In this article I will show how to use unsupervised learning methods for image clustering. The idea is to cluster two images and find the differences between them. I will compare my two mesmerising pictures which i made in paint.
library(jpeg)
library(cluster)
library(plotrix)
Initial step is to open a given picture. To open .jpg file, JPEG library from R Documentation is required.
image1 <- readJPEG("test1.jpg")
image2 <- readJPEG("test2.jpg")
To process an image, we need to denote it in a matrix of numbers. The most suitable format is RGB. RGB indicates the proportion of red, green and blue in a particular pixel of an image. It can be easily processed as it represents the image in a 3 column matrix where the first column refers to the proportion of red colour, second column refers to the proportion of green colour and last column refers to the proportion of blue colour in the range of 0-255. we need to check the dimension first. The size of the image “Scream” is equal to 900x725 and the size of the image “Fear” is equal to 1119x880. Now we can change the format of the images from jpg to rgb and display them in the graph.

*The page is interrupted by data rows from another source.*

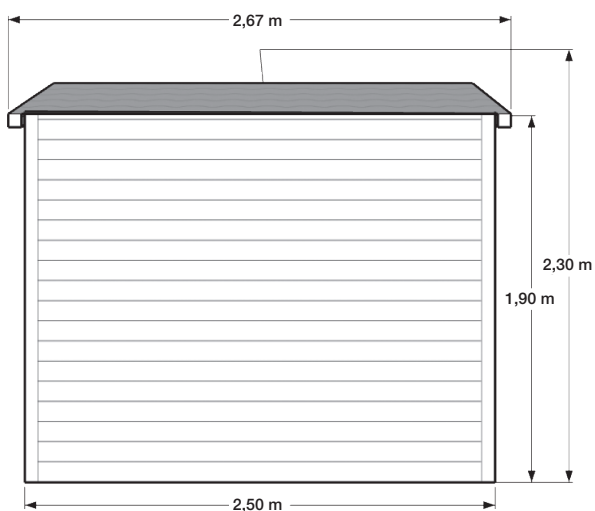

FICHE TECHNIQUE ABRI DE JARDIN DOUBLE PENTE : MODÈLE MIMOSA

MIMOSA

Abri bardage PVC - 5 m²

Largeur	2,00 m
Profondeur	2,50 m
Hauteur	2,30 m
Poids brut	≈ 450 kg

Dimensions non contractuelles données à titre indicatif

FICHE TECHNIQUE ABRI DE JARDIN DOUBLE PENTE : MODÈLE MIMOSA

Vue de face

Vue arrière

Vue côté droit

Vue côté gauche

Dimensions non contractuelles données à titre indicatif

dm1 <- dim(image1);dm1[1:2]
## [1] 646 521
dm2 <- dim(image2);dm2[1:2]
## [1] 646 521
rgbImage1 <- data.frame(
x=rep(1:dm1[2], each=dm1[1]),
y=rep(dm1[1]:1, dm1[2]),
r.value=as.vector(image1[,,1]),
g.value=as.vector(image1[,,2]),
b.value=as.vector(image1[,,3]))
rgbImage2 <- data.frame(
x=rep(1:dm2[2], each=dm2[1]),
y=rep(dm2[1]:1, dm2[2]),
r.value=as.vector(image2[,,1]),
g.value=as.vector(image2[,,2]),
b.value=as.vector(image2[,,3]))
We will use the round_df function to ensure that all values in the rgb data is the same size.
round_df <- function(x, digits) {
numeric_columns <- sapply(x, mode) == 'numeric'
x[numeric_columns] <- round(x[numeric_columns], digits)
x
}
rgbImage1 <- round_df(rgbImage1, 4)
rgbImage2 <- round_df(rgbImage2, 4)
plot(y ~ x, data=rgbImage1,
col = rgb(rgbImage1[c("r.value", "g.value", "b.value")]),
asp = 1, pch = ".")
plot(y ~ x, data=rgbImage2,
col = rgb(rgbImage2[c("r.value", "g.value", "b.value")]),
asp = 1, pch = ".")
##Running Clara algorithm
CLARA (Clustering Large Applications) is an extension to k-medoids methodS to deal with data containing a large number of objects (more than several thousand observations) in order to reduce computing time and RAM storage problem. Its time to run clara for first Image
test1 = rgbImage1[, c("r.value", "g.value", "b.value")]
clara <- clara(test1, 10)
plot(silhouette(clara))
colours <- rgb(clara$medoids[clara$clustering, ])
plot(y ~ x, data=rgbImage1,
col = colours,
asp = 1, pch = ".")
For Second Image
test2 = rgbImage2[, c("r.value", "g.value", "b.value")]
clara2 <- clara(test2, 10)
plot(silhouette(clara2))
colours2 <- rgb(clara2$medoids[clara2$clustering, ])
plot(y ~ x, data=rgbImage2,
col = colours2,
asp = 1, pch = ".")
##FINDING THE PERCENTAGE In order to find percentage of difference with this two pictures I set loop for each row of rgb dataframe (except
x and y) ther is two counters, one for same values and another for different values in two images
dif_counter = 0
same_counter = 0
for(i in 1:nrow(rgbImage1)) {
ifelse(rgbImage1[i, c(3,4,5) ] != rgbImage2[i, c(3,4,5) ], same_counter <- same_counter + 1, dif_counter <- dif_counter +1)
}
result <- dif_counter/(same_counter+dif_counter)*100
result
## [1] 68.62353
As you see difference in two pictures is nearly 69% its time for spot this differences
##SPOT THE DIFFERENCES WITH DRAWING CIRCLES AROUND THEM İn the plot you see in below, drawing circles around the different points, totally works: there is two circle, first circle intercepts the added later block in the second image, and second one in the middle of the two added later blocks. at least (70%)
plot(y ~ x, data=rgbImage2,
col = colours2,
asp = 1, pch = ".")
for(i in 1:nrow(rgbImage1)) {
ifelse(rgbImage1[i, c(3,4,5) ] != rgbImage2[i, c(3,4,5) ],draw.circle(i,i,50,border="red",lty=3,lwd=3)
, NA )
}